Анжелика смеялась все громче. Только что они ссорились, и вот уже пальцы Филиппа ищут застежку ее корсажа.

— Осторожнее, Филипп, ради всего святого. Вы порвете ее, а ее алмазная отделка обошлась мне в двести тысяч экю. Можно подумать, что вам не приходилось раздевать женщин.

— Глупая предосторожность! Ведь все, что нужно, — это просто задрать юбку.

Она прижала палец к его губам.

— Не будьте грубым, Филипп. Вы ничего не понимаете в любви и не знаете, каким бывает наслаждение.

— Так научите меня. Покажите, что делает женщина, когда в любовники ей достается мужчина, прекрасный, как бог!

В его голосе звучала горечь.

Она повисла у него на шее. Ноги ее подкашивались. Он осторожно положил ее прямо на пушистый ворс теплого ковра.

— Филипп… Филипп, — бормотала она, — неужели вы полагаете, что это подходящее место для такого урока?

— А почему бы и нет?

— Прямо на ковре?

— Да, на ковре. Солдатом я был, солдатом и останусь. Если я не могу обладать собственной женой в собственном доме, то на что же я тогда вообще способен?

— А если кто-нибудь войдет?

— Ну и что?! Я хочу вас! Я чувствую, что вы готовы принять меня. Ваши глаза блестят, как звезды, ваши губы влажны…

Он видел, как ее лицо осветилось внезапной радостью.

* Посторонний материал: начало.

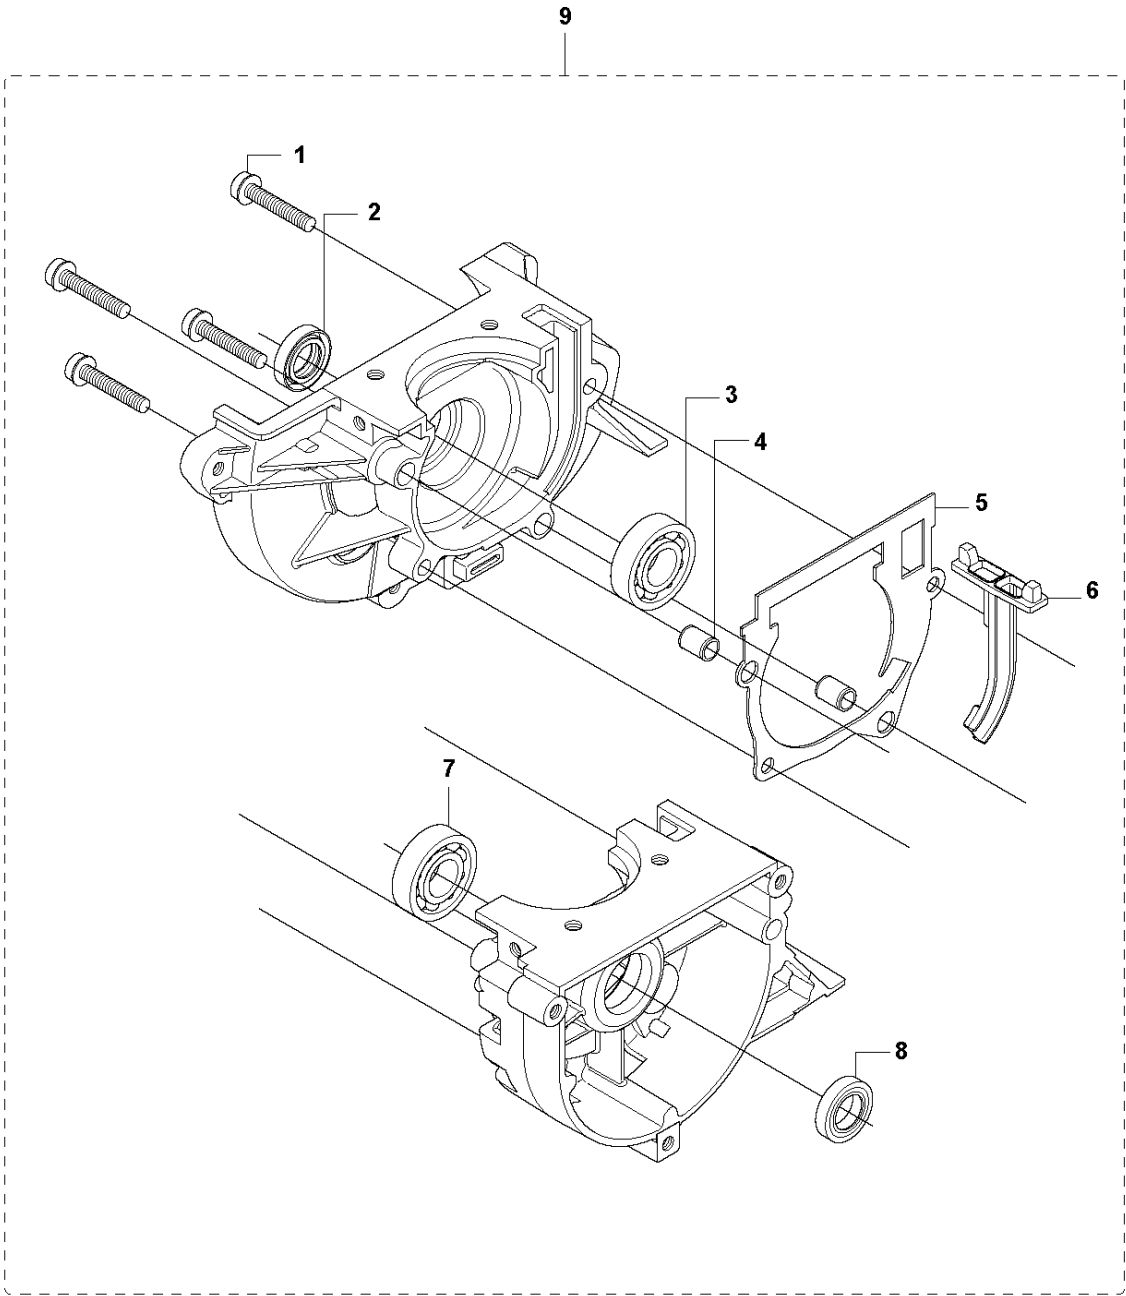

R 333R, 333RJ
335FR, 335LS, 335Lx, 335RJx, 335Rx.
CRANK CASE

CRANKCASE

335 FR

Ref	Part No	Description	Remark	QTY	KIT
1	503 20 02-30	SCREW IHSCFM		4	9
2	503 26 02-02	SEALING RING		1	9
3	738 21 01-10	BALL BEARING		1	9
4	501 27 08-01	GUIDE BUSHING		2	9
5	537 33 29-01	GASKET		1	9
6	537 32 42-01	INSERT		1	9
7	738 21 01-10	BALL BEARING		1	9
8	503 26 02-02	SEALING RING		1	9
9	544 03 89-01	CRANKCASE ASSY		1

— Теперь, моя маленькая кузина, мы будем играть в более интересную игру, чем в ранней юности.

Анжелика издала стон, отдаваясь на милость победителя. Она была не в состоянии сопротивляться зову плоти. Напротив, она только приветствовала его.

— Не спешите, любовь моя… — шептала она. — Дайте время прийти в себя!

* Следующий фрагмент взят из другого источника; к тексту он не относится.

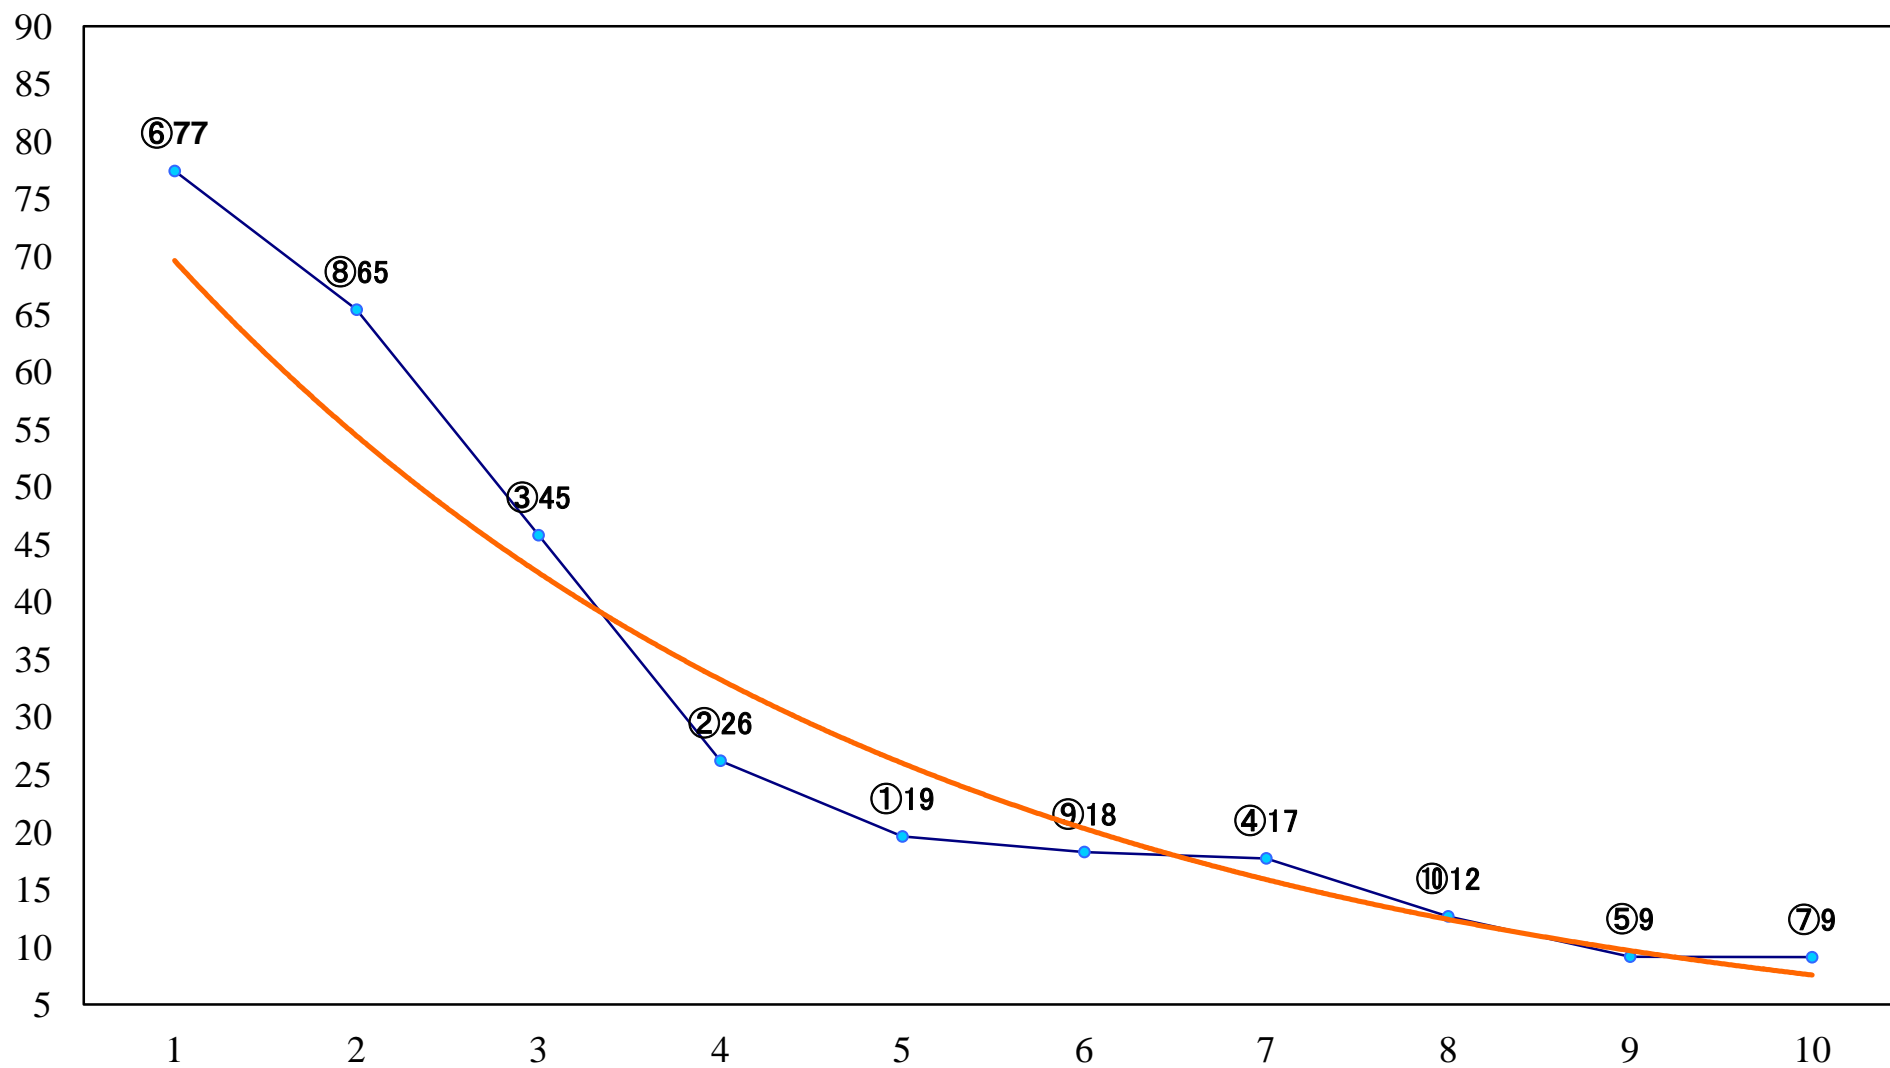

2022年07月21日(木) 浦和競馬 11R 17:35
しらこぼと賞A2下 左1500mm

Он страстно обнял ее и как будто впервые осознал, что перед ним находится женщина. Она медленно закрыла глаза, отдаваясь своей любовной мечте. Неповиновение, которое он так часто видел на ее искривленном рте, куда-то спряталось. Губы ее полуоткрылись, дыхание участилось. Они уже не были врагами. Он нежно изучал ее, и его охватила дрожь открытия, ибо он понял, что оно ведет к еще непознанным тайнам.

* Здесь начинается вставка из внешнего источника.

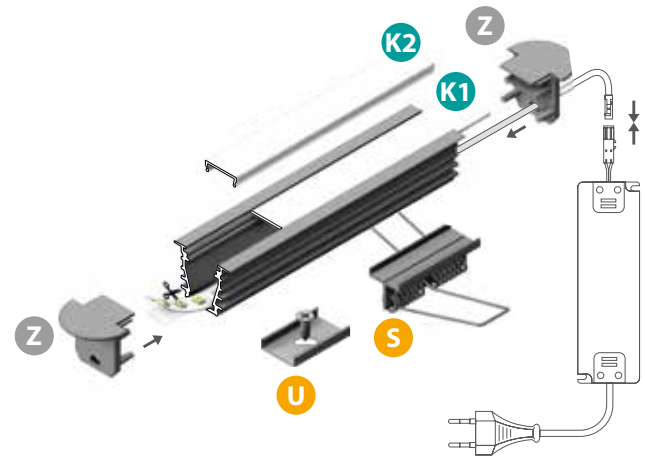

CLIPS/CONNECTORS: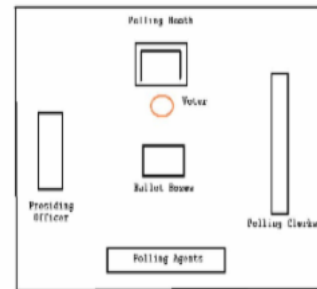

নির্বাচক নিবন্ধন আধিকারিকের স্বাক্ষর

Nazri Naksha

Google Map View

Polling Station Building Front View

Polling Station Front View

Cad View

Key MAP View

1 নাম : খাইরুল ইসলাম পিতার নাম : সাদিকুল বাড়ির নং : এন074 বয়স : 23 লিঙ্গ : পুরুষ	SKQ2554327 ফটো উপলব্ধ	2 নাম : তাজামুল হক পিতার নাম : আব্দুল কাইয়ুম বাড়ির নং : n0053 বয়স : 59 লিঙ্গ : পুরুষ	SKQ2109858 ফটো উপলব্ধ	3 নাম : মরজিনা খাতুন স্বামীর নাম : বাবুল আলি বাড়ির নং : n0034 বয়স : 38 লিঙ্গ : মহিলা	SKQ1375120 ফটো উপলব্ধ
4 নাম : মোহাম্মদ ইসলাম পিতার নাম : আব্দুল রশিদ বাড়ির নং : n0051 বয়স : 30 লিঙ্গ : পুরুষ	SKQ1774066 ফটো উপলব্ধ	5 নাম : শের মহাম্মদ পিতার নাম : মুহাম্মদ হুসেইন বাড়ির নং : n0061 বয়স : 29 লিঙ্গ : পুরুষ	SKQ1520808 ফটো উপলব্ধ	6 নাম : মোকতার আলম পিতার নাম : তাহিরুদ্দীন বাড়ির নং : 23 বয়স : 28 লিঙ্গ : পুরুষ	SKQ1982750 ফটো উপলব্ধ
7 নাম : আনজুবেনিয়ারা খাতুন পিতার নাম : মুহাম্মদ আলম বাড়ির নং : এন0000 বয়স : 33 লিঙ্গ : মহিলা	SKQ1104819 ফটো উপলব্ধ	8 নাম : সাবিনা খাতুন স্বামীর নাম : আব্দুল মাতিন বাড়ির নং : এন0023 বয়স : 24 লিঙ্গ : মহিলা	SKQ2657302 ফটো উপলব্ধ	9 নাম : হেফজুর রহমান পিতার নাম : মোহাম্মদ ইউনুস বাড়ির নং : n0045 বয়স : 40 লিঙ্গ : পুরুষ	SKQ0842344 ফটো উপলব্ধ
10 নাম : নাসিমা বিবি স্বামীর নাম : মাসুদ আলম বাড়ির নং : n0045 বয়স : 36 লিঙ্গ : মহিলা	SKQ1375310 ফটো উপলব্ধ	11 নাম : রহিমা স্বামীর নাম : সেতাব আলী বাড়ির নং : N0045 বয়স : 45 লিঙ্গ : মহিলা	DMM2177814 ফটো উপলব্ধ	12 নাম : পারভীনা খাতুন স্বামীর নাম : মোহাম্মদ ইসলাম বাড়ির নং : সাদলীচক বয়স : 25 লিঙ্গ : মহিলা	SKQ2586741 ফটো উপলব্ধ
13 নাম : সরিফুল ইসলাম পিতার নাম : আব্দুল রহিম বাড়ির নং : n0045 বয়স : 38 লিঙ্গ : পুরুষ	SKQ0787200 ফটো উপলব্ধ	14 নাম : জরিলা বিবি স্বামীর নাম : মোহাঃ মোস্তাফা বাড়ির নং : n0064 বয়স : 60 লিঙ্গ : মহিলা	SKQ2303360 ফটো উপলব্ধ	15 নাম : নাইমা খাতুন স্বামীর নাম : মিজানুর রহমান বাড়ির নং : সাদলীচক বয়স : 25 লিঙ্গ : মহিলা	SKQ2591915 ফটো উপলব্ধ
16 নাম : সাজেনুর বিবি স্বামীর নাম : আব্দুল রহমান বাড়ির নং : n0067 বয়স : 56 লিঙ্গ : মহিলা	SKQ2303394 ফটো উপলব্ধ	17 নাম : মানুয়ারা খাতুন স্বামীর নাম : মহঃ বেলাল বাড়ির নং : n0027 বয়স : 38 লিঙ্গ : মহিলা	SKQ0852871 ফটো উপলব্ধ	18 নাম : আয়েশা বিবি স্বামীর নাম : মহঃ নাসির বাড়ির নং : n0051 বয়স : 53 লিঙ্গ : মহিলা	SKQ2787232 ফটো উপলব্ধ
19 নাম : মোহাঃ নাশির পিতার নাম : শেরমহাম্মদ বাড়ির নং : n0051 বয়স : 56 লিঙ্গ : পুরুষ	WB/05/042/024119 ফটো উপলব্ধ	20 নাম : সাফিকুল ইসলাম পিতার নাম : আমির হুসেইন বাড়ির নং : n0069 বয়স : 45 লিঙ্গ : পুরুষ	SKQ2107084 ফটো উপলব্ধ	21 নাম : ওয়াসিম আলম পিতার নাম : আলী হাফিজ বাড়ির নং : n0002 বয়স : 32 লিঙ্গ : পুরুষ	SKQ1232255 ফটো উপলব্ধ
22 নাম : তাহিরুদ্দীন পিতার নাম : আব্দুল বাসেদ বাড়ির নং : n0023 বয়স : 51 লিঙ্গ : পুরুষ	WB/05/042/024134 ফটো উপলব্ধ	23 নাম : আব্দুল বাসির পিতার নাম : আব্দুল জলিল বাড়ির নং : n0010 বয়স : 31 লিঙ্গ : পুরুষ	SKQ1375161 ফটো উপলব্ধ	24 নাম : সাফিকুল ইসলাম পিতার নাম : শিশমহাম্মদ বাড়ির নং : n0036 বয়স : 49 লিঙ্গ : পুরুষ	SKQ2086379 ফটো উপলব্ধ
25 নাম : মোসলেমা স্বামীর নাম : আব্দুল নূর বাড়ির নং : n0033 বয়স : 56 লিঙ্গ : মহিলা	SKQ2302875 ফটো উপলব্ধ	26 নাম : মহাঃ আলমগীর পিতার নাম : সোলিম বাড়ির নং : n0074 বয়স : 33 লিঙ্গ : পুরুষ	SKQ1748417 ফটো উপলব্ধ	27 নাম : ফিরোজা বিবি স্বামীর নাম : আব্দুল লতিফ বাড়ির নং : n0002 বয়স : 61 লিঙ্গ : মহিলা	WB/05/042/024196 ফটো উপলব্ধ
28 নাম : সাকেরা খাতুন স্বামীর নাম : দিদার হোসেন বাড়ির নং : এন0027 বয়স : 23 লিঙ্গ : মহিলা	SKQ2485613 ফটো উপলব্ধ	29 নাম : সামিরুল ইসলাম পিতার নাম : রশিদ বাড়ির নং : n0051 বয়স : 33 লিঙ্গ : পুরুষ	SKQ1375245 ফটো উপলব্ধ	30 নাম : মোহাঃ খলিল পিতার নাম : মোহাম্মদ ইউনুস বাড়ির নং : n0045 বয়স : 42 লিঙ্গ : পুরুষ	DMM2482834 ফটো উপলব্ধ

Восхищение и надежда ширились в нем по мере того, как чувственность ее возрастала. Приближался миг их перехода в мир наслаждений.

Его мужское достоинство возрастало и укреплялось в нем по мере того, как он шел к цели, которая и не думала уходить от него. Он думал о том, как она унижала его прежде, и что он никогда и никого не ненавидел больше, чем ее. Но теперь он смотрел на нее, и сердце его билось с новой силой. Где же теперь та молодая женщина, что бросила ему когда-то вызов?

Но тут он вдруг почувствовал, что она уходит от него подобно раненому зверю, взывая к его милосердию.

Долгая дрожь пронзила Анжелику, и она поняла, что приближается момент, когда он станет ее властелином.

Каждая секунда этой любовной игры радовала его все больше и больше, подогревая в нем чувство победы, которое он прежде не ощущал. Он победил в сражении с достойным противником и на сей раз получил приз, который ускользал от него раньше. Больше он не будет уступать ей.

Ее тело выгнулось в его объятиях, как тугой лук. Она отдалась ему, и он чувствовал тайный ответ ее плоти, которую сам разбудил и упивался теперь ее великолепием. Он понял, что это то, чего он ждал всю жизнь, — сознание того, что влечение его плоти будет удовлетворено ею.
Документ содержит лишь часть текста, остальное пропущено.